The young horse I described in my last post is very unusual, in my experience. His aggression could not have been in reaction to humans. A that farm the mares with their fouls were left very much to themselves. The young ones were weaned in groups and I don't see how a single horse could get that way about people from people. At around 16-18 months we got them out of their large paddocks and began handling them, training them in a systematic way. That interaction of him trying to run me over and then running over that woman was one of his earliest sessions.
Like you say, maybe he was just born with tremendous fear and was over the top in protecting himself. At that time I had worked some horses but was really a beginner trainer, and I thought from that experience that he might be typical of young horses. The years went by and I never encountered another young horse quite like him and I was looking, believe me. He scared me.
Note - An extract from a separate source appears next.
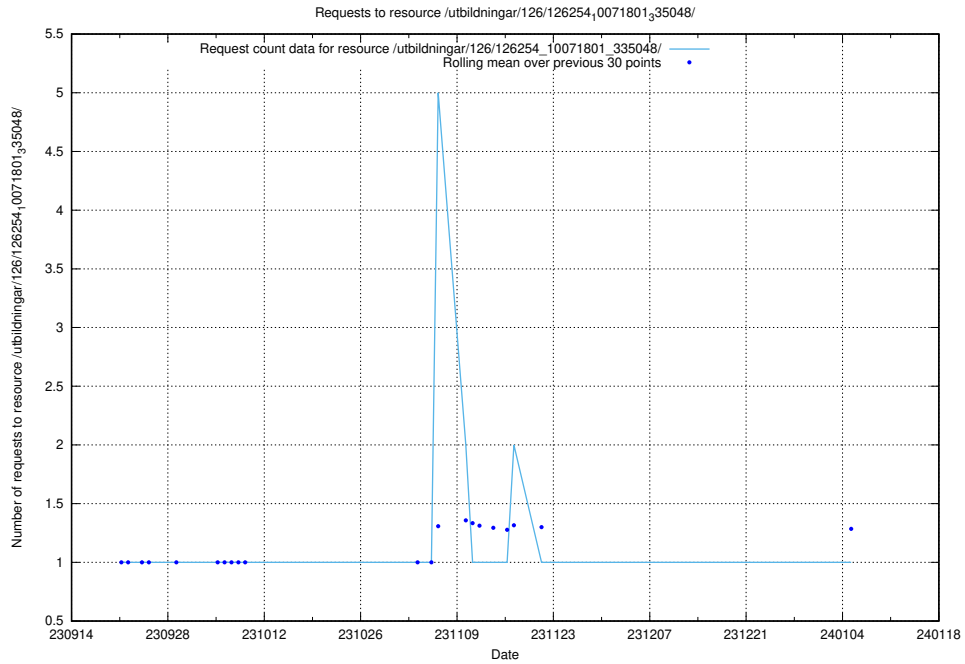

5.4771 Usage of /utbildningar/126/126254_10071801_335048/

Here, we count the number of requests to resource /utbildningar/126/126254_10071801_335048/.

I can't say what it was, fear, predator aggression, something to the nth degree.
|
|
|
Post by jimmy on Jun 9, 2016 20:16:57 GMT
In my opinion, the predator/prey to describe our interaction with horses is, at best, a gross over simplification. If you read Monty Roberts, he says to a horse, we basically look like a mountain lion. He thinks we are going to eat him, attack him. His fear of us is based on the fact that he is a prey animal, according to him. And others. I say, this is a crock. I think the horse knows darn good and well we aren't a mountain lion.
It is similar to the Alpha mare, or Alpha horse theory, as well. I've witnessed it for myself. The hierarchy of the herd is not static. Take any small group of horses, add one more, and the whole dynamics change. They also take turns being dominate, or submissive. The theory says, we must establish ourselves as the Alpha. Another crock, I say.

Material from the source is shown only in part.